特にオルレアンにおける戦闘シーンは、ミラ・ジョボヴィッチのとり憑くかれたような演技と驚かされ、映像も臨場感もある。虜囚されたのがジャンヌにやられたイングランド軍側という状況下、異端審問における教会とのやり取りは神の啓示を受けたと主張するジャンヌが、聖職者らを圧倒する。あくまでジャンヌは神の啓示にしたがったまでという姿勢を崩さない。
やがて火刑となるまでのジャンヌの内面が描かれる。
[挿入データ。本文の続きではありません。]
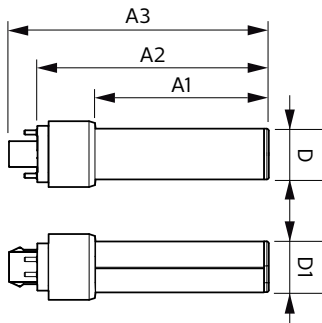

LED InstantFit Lamps

5.5PL-C/LED/13H/835/IF5/P/4P 20/1

Philips LED T8 InstantFit Lamps are an ideal energy saving choice for existing linear fluorescent fixtures.

Product data

General Information	
Cap-Base	G24Q [G24q]
Nominal Lifetime (Nom)	50000 h
Switching Cycle	50000X
B50L70	50000 h
Light Technical	
Color Code	835 [CCT of 3500K]
Beam Angle (Nom)	150 °
Luminous Flux (Nom)	550 lm
Luminous Flux (Rated) (Nom)	550 lm
Rated Beam Angle	150 °
Correlated Color Temperature (Nom)	3500 K
Color Consistency	<6
Color Rendering Index (Nom)	82
LLMF At End Of Nominal Lifetime (Nom)	70 %
Operating and Electrical	
Input Frequency	25000-100000 Hz
Power (Rated) (Nom)	5.5 W
Lamp Current (Max)	280 mA
Lamp Current (Min)	130 mA
Starting Time (Nom)	0.5 s
Warm Up Time to 60% Light (Nom)	0.5 s
Power Factor (Nom)	0.9

Voltage (Nom)	14-60 V
Temperature	
T-Ambient (Max)	45 °C
T-Ambient (Min)	-20 °C
T-Storage (Max)	65 °C
T-Storage (Min)	-40 °C
T-Case Maximum (Nom)	75 °C
Controls and Dimming	
Dimmable	No
Mechanical and Housing	
Height	27 mm
Approval and Application	
Energy Saving Product	Yes
Approval Marks	UL certificate RoHS compliance
Product Data	
Order product name	5.5PL-C/LED/13H/835/IF5/P/4P 20/1
EAN/UPC - Product	046677532413
Order code	929001885504
Numerator - Quantity Per Pack	1
Numerator - Packs per outer box	20

LED InstantFit Lamps

Material Nr. (12NC)	929001885504
Net Weight (Piece)	0.060 kg

Warnings and Safety

- Philips LED T8 InstantFit lamps will only operate properly on compatible instant-start ballasts. Please refer to the Philips LED T8 InstantFit Installation Guide, which can be obtained through your local Philips Sales Representative, or visit www.philips.com/tled

Dimensional drawing

Product	D	D1	A1	A2	A3
5.5PL-C/LED/13H/835/IF5/P/4P 20/1	27 mm	27 mm	91.5 mm	122.4 mm	137.4 mm

PLED PLC-H 5-13W 580lm 3500K G24q

Photometric data

LEDtube PLC 13H 5.5W G24Q 835 15D ND

LEDtube PLC 13H 5W GX23-2 827 15D ND

彼女が見たのは果たして神なのか?あるいは幻覚なのか?フランス軍でさえ成し遂げられなかった奇跡を十代の女性が成し遂げたジャンヌとは、一体どんな人物なのか?信仰とビジョン、精神が正常なのか異常なのか、
トランス状態とは、そして異端とは、イングランド軍はジャンヌを魔女と呼んでいました。こうしたテーマはとても奥深い。見終えた後、私は図書館に行きジャンヌ・ダルクの本を探してしまいました。
映画は、歴史的な正確性について、フィクションが過剰に盛り込まれている点が批判されているようです。例えば、ジャンヌの姉がイギリス軍に殺されるシーンなど、歴史的事実とは異なる描写が見られることなど。また神の啓示や異端審問など宗教的テーマがあるため、見る側の立場により映画における扱い方に疑問符を投げかけることも、賛否の意見が分かれるところかな、と。
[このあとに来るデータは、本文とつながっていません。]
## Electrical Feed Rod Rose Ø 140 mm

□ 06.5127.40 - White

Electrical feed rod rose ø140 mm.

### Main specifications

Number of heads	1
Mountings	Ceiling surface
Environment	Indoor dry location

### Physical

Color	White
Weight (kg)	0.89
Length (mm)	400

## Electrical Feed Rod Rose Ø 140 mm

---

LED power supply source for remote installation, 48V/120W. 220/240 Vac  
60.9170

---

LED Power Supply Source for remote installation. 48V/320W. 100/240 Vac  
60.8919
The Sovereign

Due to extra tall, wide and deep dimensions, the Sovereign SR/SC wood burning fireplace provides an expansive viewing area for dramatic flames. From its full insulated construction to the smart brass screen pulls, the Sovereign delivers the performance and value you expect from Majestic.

でもこの映画は、リュック・ベンソンがジャンヌ・ダルクという歴史上稀有な存在をどうとらえたかということであり、単純に、映画が面白く好きか嫌いかという問題なのだ。そもそもジャンヌ・ダルクという題材がそうしたことを感じさせるのであり、別の監督が作っても別の議論がでてくいるに違いないのだ。事実、ジャンヌ・ダルクは何度も映画化されているようにインスピレーションを与える存在なのだ。何かの象徴として歌の歌詞にもでてくるし…。
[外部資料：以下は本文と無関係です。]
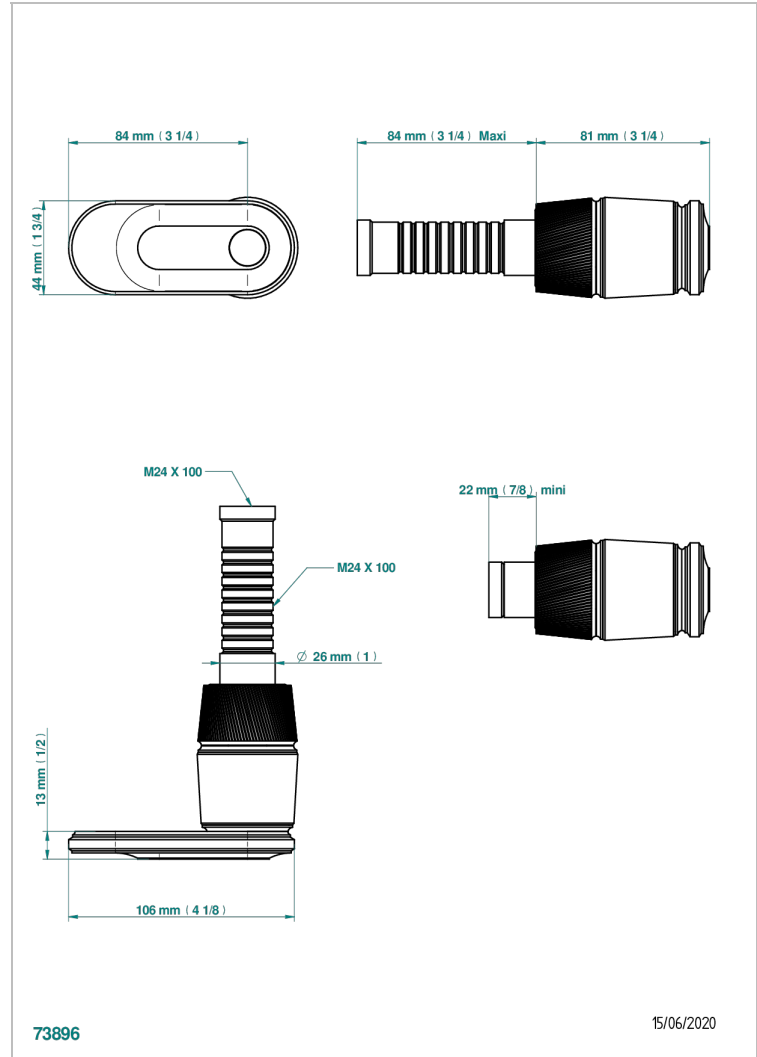

CORVAIR FIOR DI BOSCO WITH LEVER HANDLES

U8L-30B

Wall volume control 30 & 32 trim

THG[®]
PARIS

CHARACTERISTIC

- Corvaire Fior di Bosco with lever handles
- Wall volume control 30 & 32 trim

RELATED SKU'S

- Ref. G00-32CUSA 3/4" Volume control wall valve with ceramic cartridge
- Ref. G00-32HUSA 3/4" Volume control wall valve with ceramic cartridge counterclockwise
- Ref. G00-30CUSA 1/2" volume control wall valve with ceramic cartridge
- Ref. G00-30HUSA 1/2" Volume control wall valve with ceramic cartridge counterclockwise

ところで、他の事情がわからないので、よくはわかりませんが、フランスはカトリックゆえなのか、ルルドの泉のベルナデッタや奇跡のメダイ教会のカトリーヌなど啓示を受け奇跡を起こし聖女の列に参列する女性が多い気もします。そのなかでもジャンヌ・ダルクは別格なんでしょうね。
ということで、私はリュック・ベンソン監督による「ジャンヌ・ダルク」、ミラ・ジョボヴィッチの鬼気迫る演技に圧倒され、そのように導いた演出をとても面白く感じたのです。お気に入りの1本に加えたいな、と思いました。